- PROBLEM DETAILS: Filter the lines below, copying only those with the string "divisorio".

[Records drawn from a dataset]
· · · · · · ·

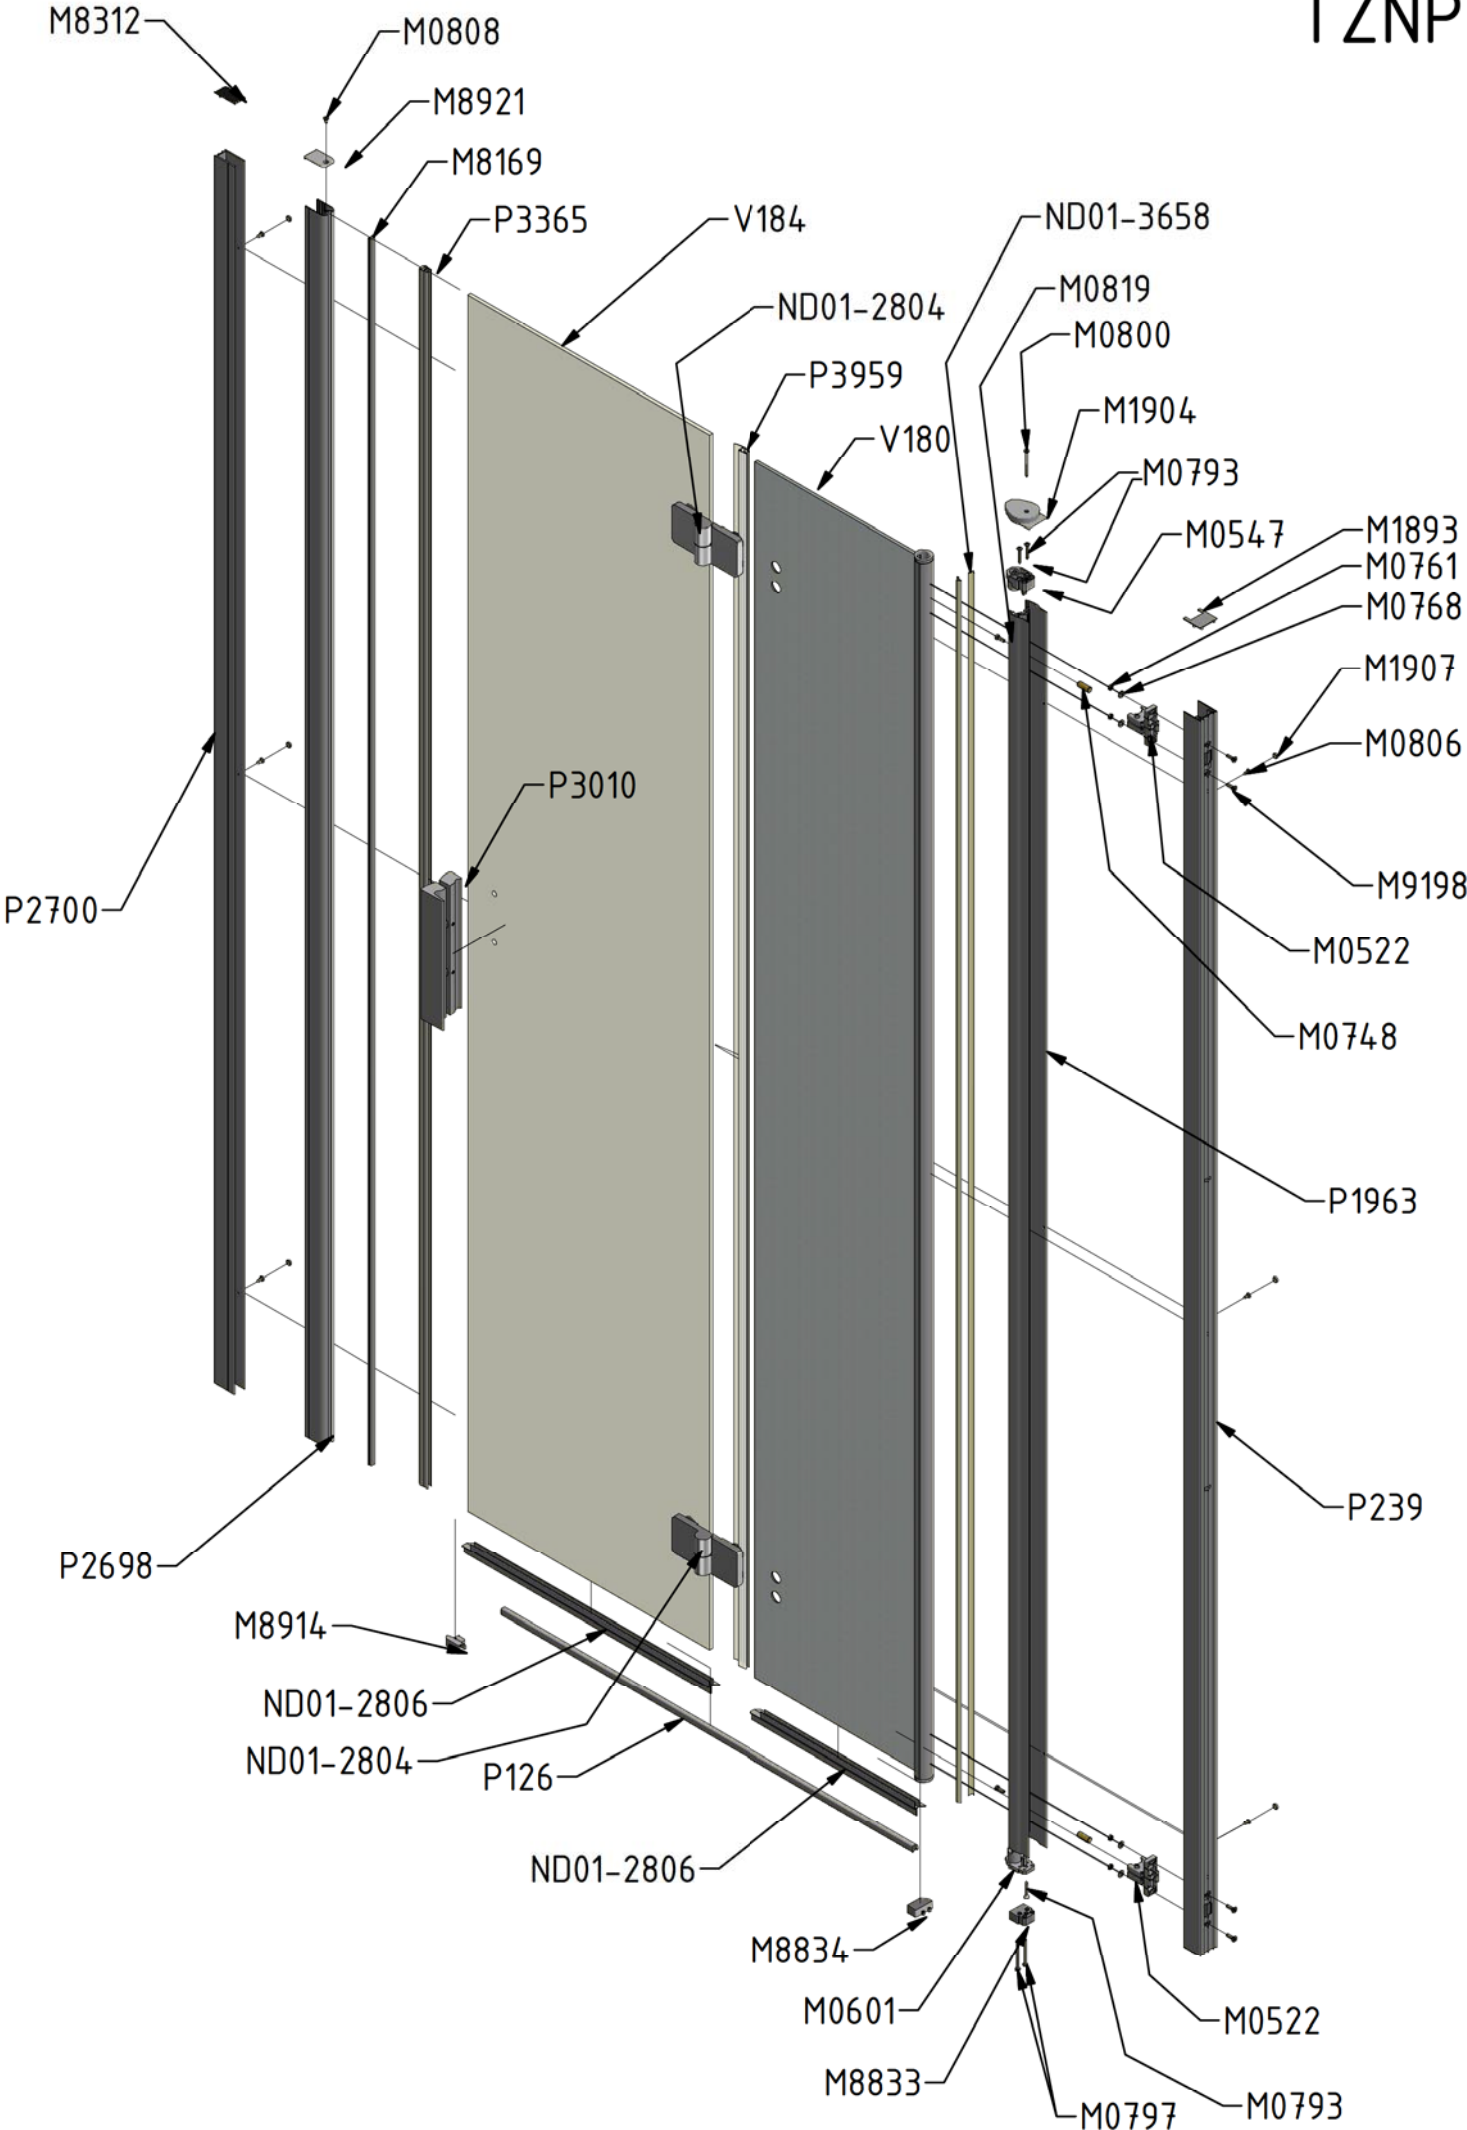

TZNL1

TZNP1

ND01-2803

ND01-2804

P3010

V184	800;900	clear glass	čiré sklo	ND02-0747-00-02
	1000;1100	clear glass	čiré sklo	ND02-0748-00-02
	1200	clear glass	čiré sklo	ND02-0749-00-02
V180	800	brillant+clear glass	brillant+čiré sklo	ND02-0751-00-02
	900;1000	brillant+clear glass	brillant+čiré sklo	ND02-0752-00-02
	1100;1200	brillant+clear glass	brillant+čiré sklo	ND02-0753-00-02
P126	800			ND01-2805-8
	900			ND01-2805-9
	1000			ND01-2805-1
	1100			ND01-2805-11
	1200			ND01-2805-12
P239		brillant		P3361
		stříbro		P3927
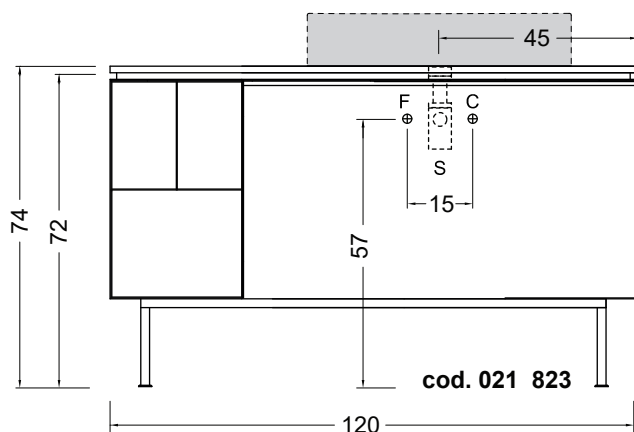

The Bathroom Gallery

Lama 120 h74 predisposizione per lavabo d'appoggio

cod. 021 822

cod. 021 823

Struttura in acciaio con
modulo divisorio dx
cm 120x50xh71
kg. 30

*Steel structure with
dx partition module
cm 120x50xh71
kg. 30*

Struttura in acciaio con
modulo divisorio sx
cm 120x50xh71
kg. 30

*Steel structure with
sx partition module
cm 120x50xh71
kg. 30*

· · · · · · ·

- OUTPUT FOR THIS EXERCISE:
modulo divisorio dx
modulo divisorio sx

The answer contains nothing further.